После некоторого молчания государь спросил меня: «А что, ты знаком с Головниным?» — «Весьма знаком, государь», отвечал я. «Какого ты о нем мнения?» — «Самого лучшего, государь, я знаю Головнина за самого честного, способного и благонамеренного человека». Государь на это ни слова не сказал, тогда я заметил, что ежели и Головний, может быть, также подвергся обвинению в излишней горячности, то и это объясняется общим впечатлением поднятого вопроса, и при том Головний человек болезненный, а потому, может быть, горячее других принимал к сердцу все спорные вопросы. «Да, — отвечал государь, — я и сам так его понимаю и этим объяснил себе, почему вместо того, чтобы сдерживать брата, он, напротив, его подстрекал». В это время вошла императрица и перебила наш разговор. Государь встал, подошел к ней, несколько минут с нею переговорил и потом опять, воротясь ко мне, посадил и стал продолжать разговор. Говорил о Морском министерстве и о том, что слышал, что в моем департаменте порядок. Я заметил ему, что имел счастье найти хороших помощников, а что все дело в людях. «Да, это главное», — возразил государь. Тут опять нас перебили, вошел камердинер и доложил что-то государю, который вышел из кабинета и приказал его дожидаться. Потом, воротясь, сказал, что ему сегодня некогда со мною говорить долее, дал руку и сказал, что надеется, что теперь у нас все пойдет тихо и хорошо. Я отвечал, что клянусь служить верно всеми своими силами. «Пойди к императрице, она тебя желает видеть», — сказал государь, провожая.

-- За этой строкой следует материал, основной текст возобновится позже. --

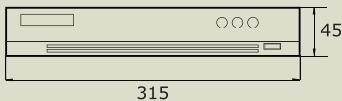

## DIMENSION

Unit : mm

7204HQHI-K1

作業系統	Linux作業系統
多工模式	即時監看 / 錄影 / 回放 / 網路 / 手機 / 備份
錄影壓縮格式	H.265 / H.265+ / H.264 / H.264+
視訊系統	NTSC / PAL
類比影像輸入	4組BNC影像訊號輸入
IP影像輸入 (網路連線)	1組IP影像訊號輸入
影像輸出	CVBS x 1 / VGA x 1 (1920 x 1080) / HDMI x 1(1920 x 1080)
聲音輸入	4組音源輸入
聲音輸出	1組音源輸出
聲音備份	支援聲音備份
網路聲音傳送	網路即時監看與網路回放都可支援聲音輸出
聲音壓縮格式	G.711u
Live畫面解析度	5M / 3M / 1080P (1920 x 1080)
Live畫面顯示	數位放大 / 自動跳台 / 事件全螢幕
錄影解析度	5M / 3M / 1080P (1920 x 1080) / 720P (1280 x 720) / WD1 (960 x 480) / D1 / CIF
類比錄影張數	12fps @ 5M 15fps @ 3M 60fps @ 1080P 15fps @ 4M
IP錄影張數	15fps @ 4M
錄影畫質	最高 / 較高 / 高 / 普通 / 低 / 最低
錄影模式	自動錄影 / 手動錄影 / 位移錄影 / 排程錄影 / 警報錄影
錄影設定	每一頻道可單獨設定錄影解析度與錄影張數
回放模式	1 / 4 分割
回放解析度	5M / 3M / 1080P (1920 x 1080) / 720P (1280 x 720) / WD1 (960 x 480) / D1 / CIF
類比回放張數	12fps @ 5M 15fps @ 3M 60fps @ 1080P 15fps @ 4M
IP回放張數	15fps @ 4M
回放速度	正常回放 / 倒轉 (1/8 ~ 256x) / 快轉 (1/8 ~ 256x) / 暫停 / 單張回放
影像搜尋模式	日期 / 時間 / 位移 / 警報 / 攝影機頻道 / 智慧搜尋
浮水印檢測	Support Watermark
儲存硬碟格式	HDD x 1 (Max. 8TB)
備份模式	USB / 網路 / USB外接式DVD燒錄器 / USB外接式硬碟
DVR控制	滑鼠 / 遙控器
警報輸入/輸出	4 IN / 1 OUT
P.T.Z控制	支援RS-485控制
網路功能	RJ45. 10/100M
網路通訊協定	TCPIP / PPPoE / DHCP / Hik-Connect / DNS / DDNS / NTP / SADP / NFS / HTTPS / ONVIF
手機監控功能	支援 (4G/3G) - iPhone & Android
手機推播功能	支援
網路監控模式	IE / 免費遠端監控軟體
位移偵測	支援 (位移設定區域分成22 x 15格)
事件觸發前錄影時間	5 sec ~ 60 sec
事件觸發後錄影時間	5 sec ~ 10 min
電源	DC 12V / 1.5A
工作溫度	-10°C ~ 55°C (14°F ~ 131°F)
工作濕度	10% ~ 90%
機身尺寸	315 x 242 x 45 (mm)
重量	1.16 kg (N.W)
安規認證	CE / FCC / BSMI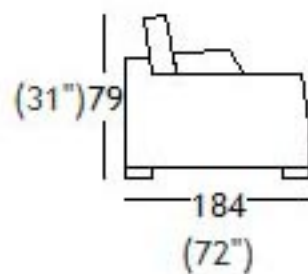

SPAGNESI

Italia

9606

Monnalisa

43 (17")

(31") 79

89

(35")

Vers. 135

(16") 41

41

(16")

Vers. 180

version

dimensions

	H		W		D		HS	
135 chaise longue	79	31"	89	35"	184	72"	43	17"
180 cube	41	16"	41	16"	41	16"	41	16"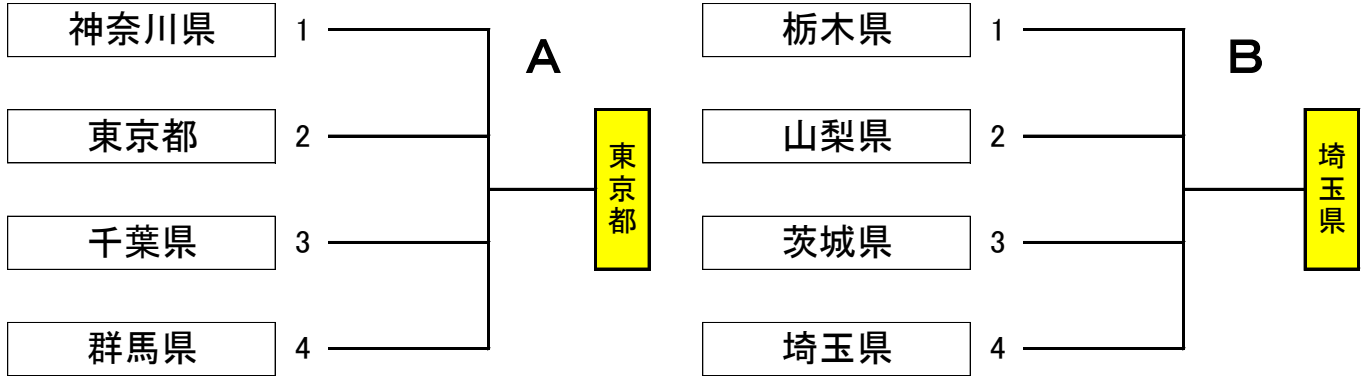

トリムカップ2012 第4回全国女子選抜フットサル大会関東大会

日時：2012年1月14日(土)・15日(日)

会場：千葉県立総合スポーツセンター

Aグループ		1	2	3	4	勝点	勝	分	負	得失点差	順位
1	神奈川県	—	0-2 ●	0-0 △	4-0 ○	4	1	1	1	2	2
2	東京都	2-0 ○	—	2-0 ○	5-0 ○	9	3	0	0	9	1
3	千葉県	0-2 ●	0-0 △	—	2-1 ○	4	1	1	1	-1	3
4	群馬県	0-5 ●	0-4 ●	1-2 ●	—	0	0	0	3	-10	4

Вследствие сего я прямо отправился к императрице, обо мне доложили, и она меня немедленно приняла. Много расспрашивала об Иерусалиме, говорила о Мансурове, о его брошюре и о будущем устройстве богоугодных заведений в Палестине, потом спросила, знаю ли я Черкасского, о котором писала ей Елена Павловна как о человеке, которого бы следовало употребить по крестьянскому вопросу. Я подтвердил мнение великой княгини, затем речь началась об эмансипации, сперва в общих выражениях изъявляла она опасение, что пошли дальше, чем предполагали, что состав Комитета не обещает много хорошего; вообще из всех слов ее я мог заключить, что она видит довольно ясно настоящее положение вещей и чувствует, что ералаш происходит оттого, что главные действующие лица сами не отдают себе отчет, что делают. Отвечая на мысль ее об опасностях, я сказал, что все это, с помощью Божьего, может быть исправлено, но что главная опасность не заключается в видимых проявлениях. Настоящая опасность заключается в том факте, что когда государь в первый раз собрал близких ему и доверенных лиц и предложил им в первом заседании вопрос, следует ли поднимать крестьянский вопрос теперь или еще можно подождать, то все единогласно объявили, что следует непременно и что откладывать нельзя, а между тем все эти лица в душе были совершенно противного мнения и что до сих пор они продолжают играть двойную игру. Это не может оставаться секретом, ибо шаткость выражается во всех действиях правительства. «Jamais ees messieurs ne seront ? la hauteur des bonnes intentions de l’Empereur, Madame»[131], — заметил я, и она наклонением головы дала мне почувствовать, что со мной согласна. Разговор наш продолжался таким образом более получаса, и я вынес от обоих свиданий чувства самого искреннего расположения к двум добрейшим существам, возбуждающим сожаленье и вместе неограниченную любовь. Так бы хотелось им помочь, но чувствуешь, что не можешь. Я передал слово в слово мой разговор с царем и узнал при этом, что с отъездом Головнина, и даже прежде, великий князь перестал заниматься общими делами, не касающимися собственно Морского министерства. Он думает, что недолго так продлится и что опять к нему обратятся, когда все перепутается. В ожидании этого он намерен жить в Стрельне и Павловске и заниматься цветами.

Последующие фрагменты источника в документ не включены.